Жестко говоря, вывернуть наизнанку, засунуть в рукав собственной
шкуры, как шапку, как скальп.

Поразить тугой неподвижностью, в которой ни звука, ни мысли
счастливой издать не возможно: всего только два десятка кубометров
спертого воздуха, который уже раскален до температуры моей
крови, мозга.

Конура, в которой нынче я помещаюсь, стала продолжением, наростом
размытого неподвижностью тела, — и границы-стенки ее при
каждой мой потуге скрипят, как раковина — от поползновений
моллюска.

Единственное окошко — узкое, как прищур — мой циклопический зрак, фонарь.

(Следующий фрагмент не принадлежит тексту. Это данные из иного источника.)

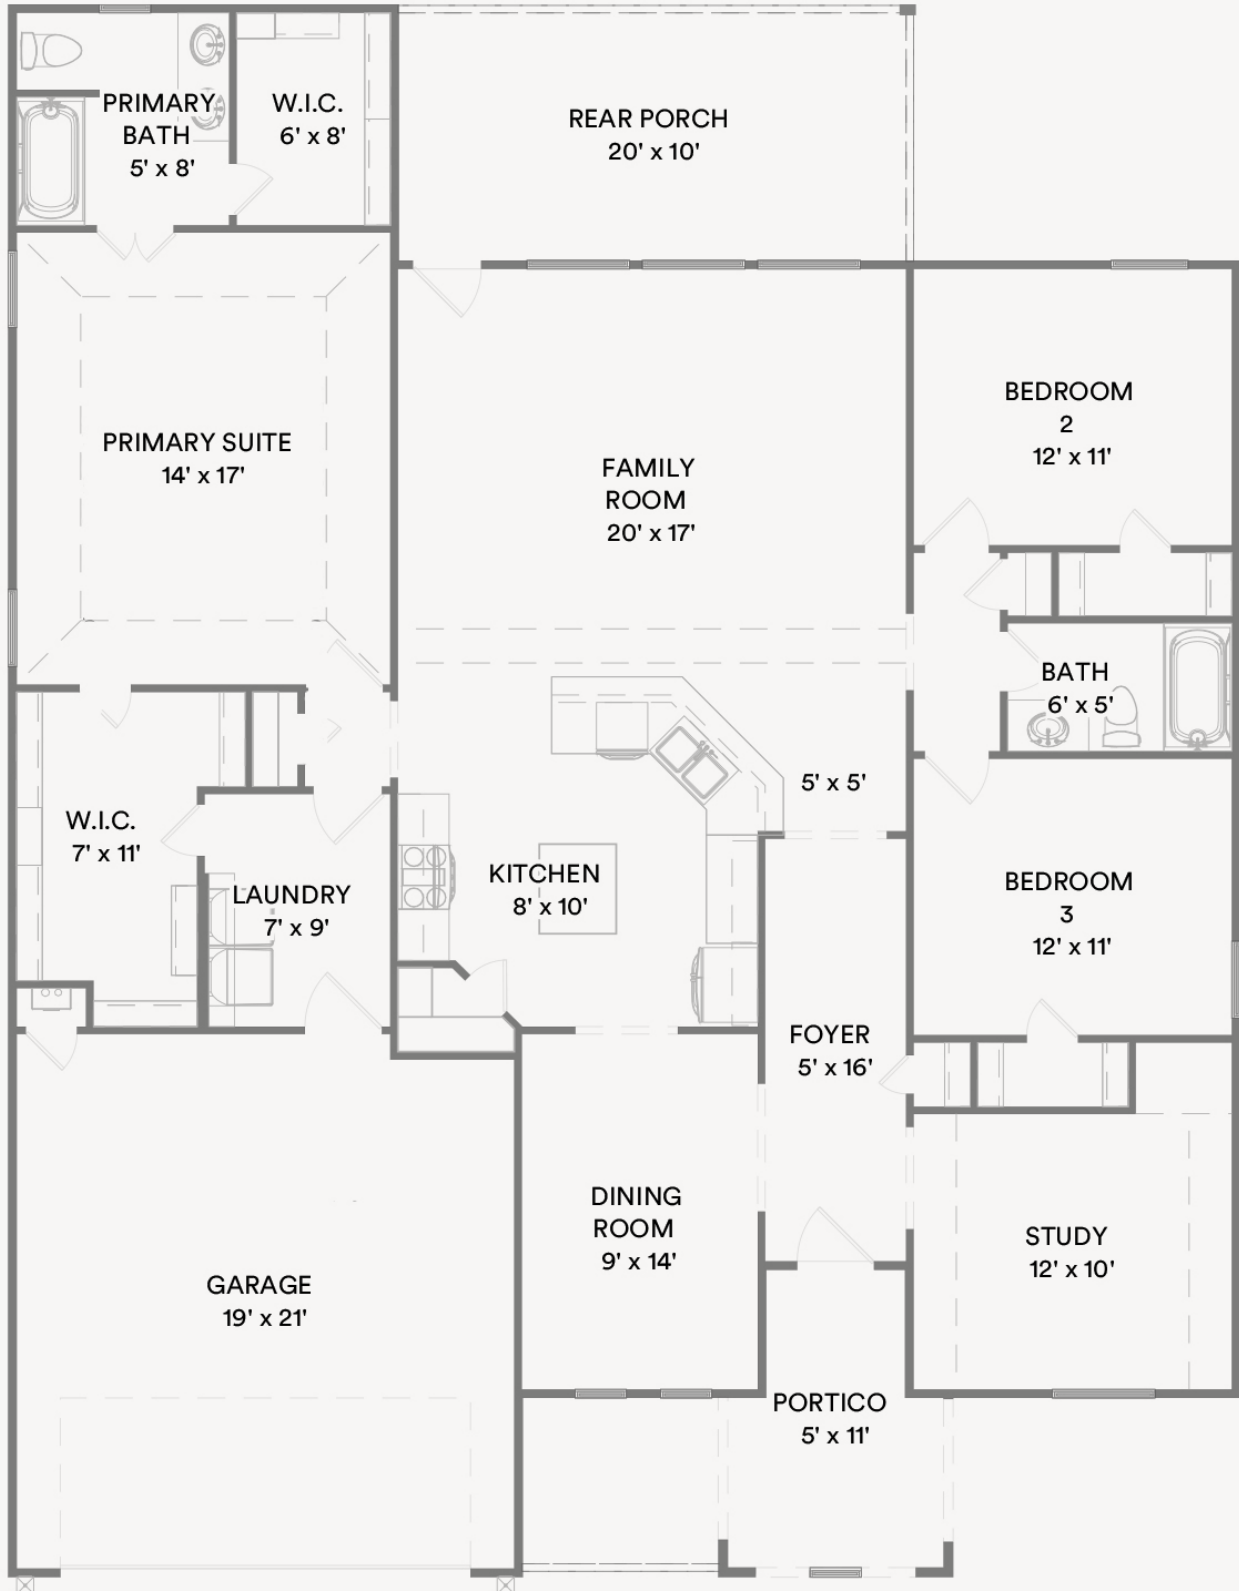

The Madison

Floor Plan Specifications

Square Footage
2,032 sq.ft.

Bedrooms
3-4

Bathrooms
2

Additional upgrades are available.
Sizes and dimensions on floor plans are approximate.
Visit CapitalHomes.com to configure your dream home.
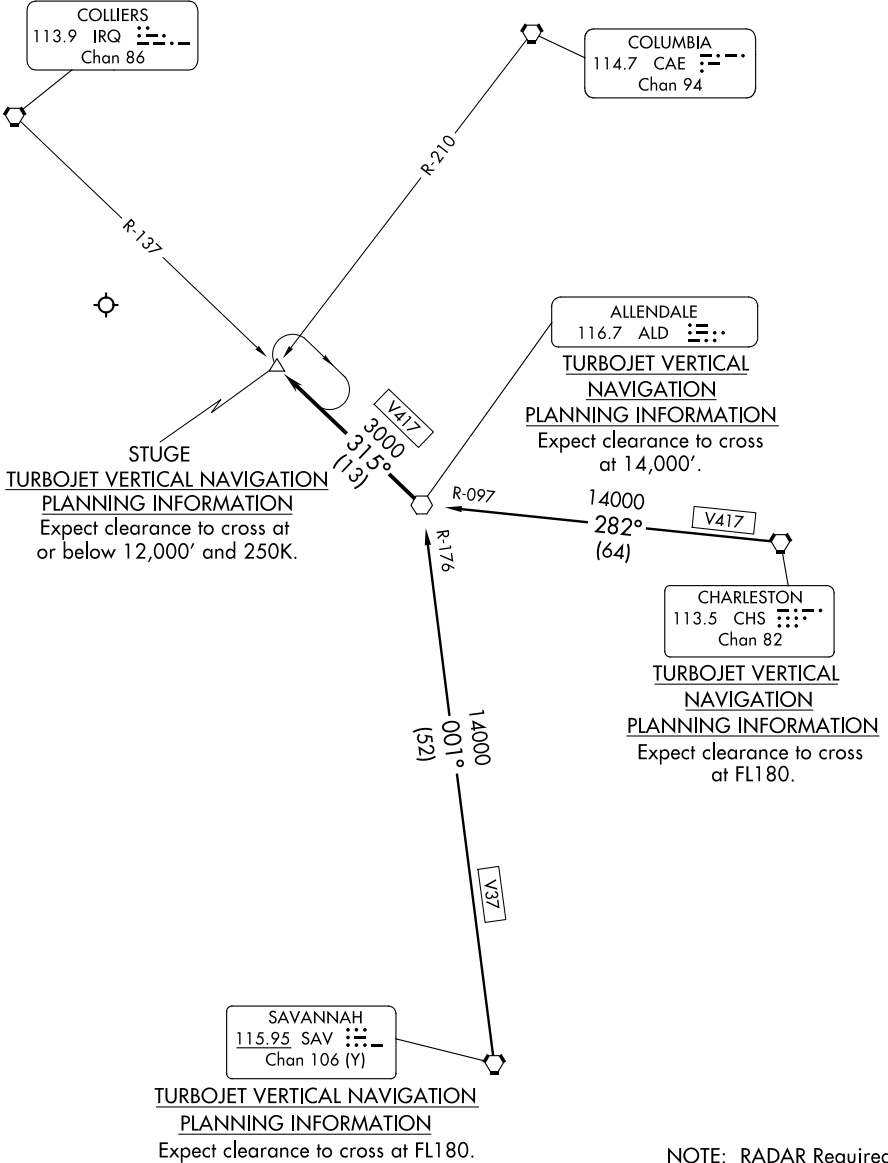

STUGE THREE ARRIVAL

AUGUSTA APP CON ★
119.15 284.625
ATIS
132.75

SE-4, 26 DEC 2024 to 23 JAN 2025

SE-4, 26 DEC 2024 to 23 JAN 2025

(CONTINUED ON FOLLOWING PAGE)
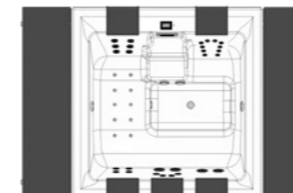

The illustration shows the Anthracite Elegance model 2.1: Anthracite cladding, Anthracite corners.

STRATO 2.1
 Dimensions: 216 cm x 216 cm x 92 cm
 Hard-top cover: 2 x 54 cm (overall width 324 cm)
 Filling capacity: 1.200 l
 Weight: 380 kg
 Massage features: 2 Jet Control, 6 + 4 Superjets, 2 Turbojets, 10 Microjets, 8 air bubble nozzles

STRATO 2.4
 Dimensions: 236 cm x 236 cm x 92 cm
 Hard-top cover: 2 x 59 cm (overall width 354 cm)
 Filling capacity: 1.660 l
 Weight: 410 kg
 Massage features: 2 Jet Control, 6 + 4 + 4 Superjets, 4 Turbojets, 10 Microjets, 10 air bubble nozzles

The illustration shows the Beige Lite model 2.1: Beige grey cladding, white corners.

STRATO 2.1

Dimensions: 216 cm x 216 cm x 92 cm
Hard-top cover: 2 x 54 cm (overall width 324 cm)
Filling capacity: 1.200 l
Weight: 380 kg
Massage features: 2 Jet Control, 6 + 4 Superjets, 2 Turbojets, 10 Microjets, 8 air bubble nozzles
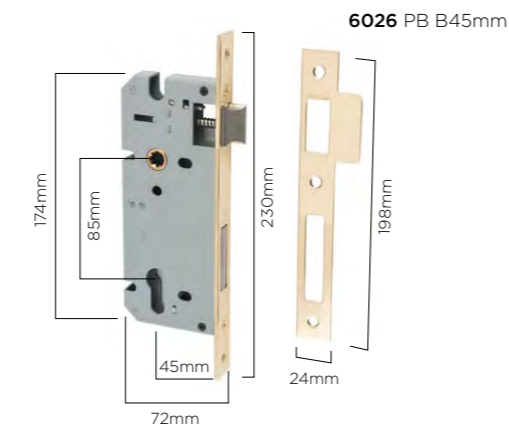

External locks

85mm EURO (High Security)

- Reversible tongue
- Stainless steel tongue & bolt
- Latch retraction
- Tested over 130,000 cycles
- 85mm Centre to Centre
- 60 & 45mm backsets
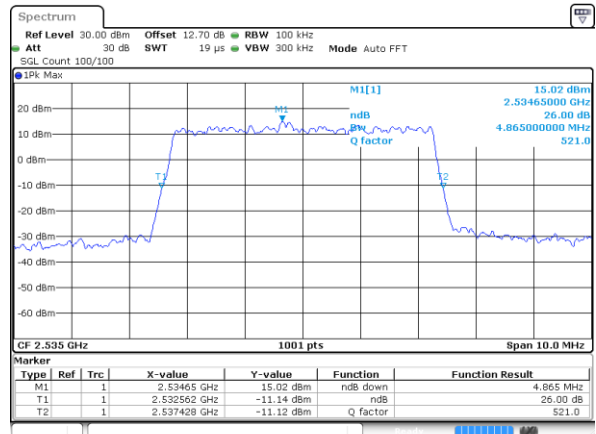

Date: 15 MAY 2020 11:25:26

Highest Channel / 1RB

Date: 15 MAY 2020 11:25:41

Highest Channel / Full RB

Date: 15 MAY 2020 11:25:54

26dB Bandwidth

Mode	LTE Band 7 : 26dB BW(MHz)											
BW	1.4MHz		3MHz		5MHz		10MHz		15MHz		20MHz	
Mod.	QPSK	16QAM	QPSK	16QAM	QPSK	16QAM	QPSK	16QAM	QPSK	16QAM	QPSK	16QAM
Lowest CH	-	-	-	-	4.85	4.93	9.65	9.67	14.42	14.21	18.78	19.10
Middle CH	-	-	-	-	4.94	4.87	9.71	9.69	14.45	14.36	18.98	18.98
Highest CH	-	-	-	-	4.99	4.86	9.63	9.59	14.39	14.78	18.78	18.94
Mode	LTE Band 7 : 26dB BW(MHz)											
BW	1.4MHz		3MHz		5MHz		10MHz		15MHz		20MHz	
Mod.	64QAM		64QAM		64QAM		64QAM		64QAM		64QAM	
Lowest CH	-	-	-	-	4.97	-	9.81	-	14.27	-	18.78	-
Middle CH	-	-	-	-	4.83	-	9.83	-	14.27	-	19.10	-
Highest CH	-	-	-	-	4.93	-	9.73	-	14.48	-	18.78	-

LTE Band 7

Lowest Channel / 5MHz / QPSK

Date: 15 MAY 2020 09:54:01

Lowest Channel / 5MHz / 16QAM

Date: 15 MAY 2020 09:54:13

Middle Channel / 5MHz / QPSK

Date: 15 MAY 2020 09:58:16

Middle Channel / 5MHz / 16QAM

Date: 15 MAY 2020 09:58:28

Highest Channel / 5MHz / QPSK

Date: 15 MAY 2020 10:01:44

Highest Channel / 5MHz / 16QAM

Date: 15 MAY 2020 10:01:56

LTE Band 7

Lowest Channel / 10MHz / QPSK

Date: 15 MAY 2020 10:13:28

Но и то — отдушина зрению: чьи-то чулочные щиколотки, туфли, которые
теперь день за днем подрастают бортами в ботики, сапожки,
ботинки — лето кончилось, скоро слякоть.

Стекло в глухой фрамуге — бронированное: в первую неделю я сорвал
глотку, разбил два стула.

И кажется мне, что в связи с полуподвальным, как бы кентаврическим
моим существованием — небо за это время стало ниже,
спустившись вслед за помещением моей н е п о д в и ж н о с т и:
теперь седьмые небеса начинаются сразу чуть повыше затылка, — а
те, кто снуют по ним мимо — суть ангелы, и обувь их — их
воздушные лодки.

В последнее время все чаще стали появляться на куске моего асфальта
лужи; иногда, выбивая брызги, в них ступают прохожие, — и я
радостно догадываюсь: осень.

Недавно под мою амбразуру залетел футбольный мяч: что я испытал при
этом, должно было быть когда-то моим восторгом — чувства мои
обтесались острым страхом, разъелись его кислотой, в сам
страх превратившись, — и органы их стали органами страха — его
воспринимающими, его источающими.

Слух мой теперь — звук моего страха.

Зрение мое в темноте — цвет моего страха.

Когда я касаюсь в потемках ощупи предметов, я касаюсь кожи моего испуга.

Все эмоции мои, включая случайную радость от воспоминания, — суть
медленные волны на зыбкой, как костный казеин, стылой
поверхности ужаса: тело мое — размозженная, разжеванная мякоть этого
косного заливного.

Я вряд ли способен на плач.

Я вряд ли смогу когда-нибудь почувствовать голод.

Узкая, в пятнадцать сантиметров, щель вот уже семь месяцев моя
единственная, дозируемая как невозможные, сухие слезы, порция
света.

В моем закутке нет лампы, и с наступлением темноты я чувствую, как
тугой влажный слизняк наползает на сетчатку.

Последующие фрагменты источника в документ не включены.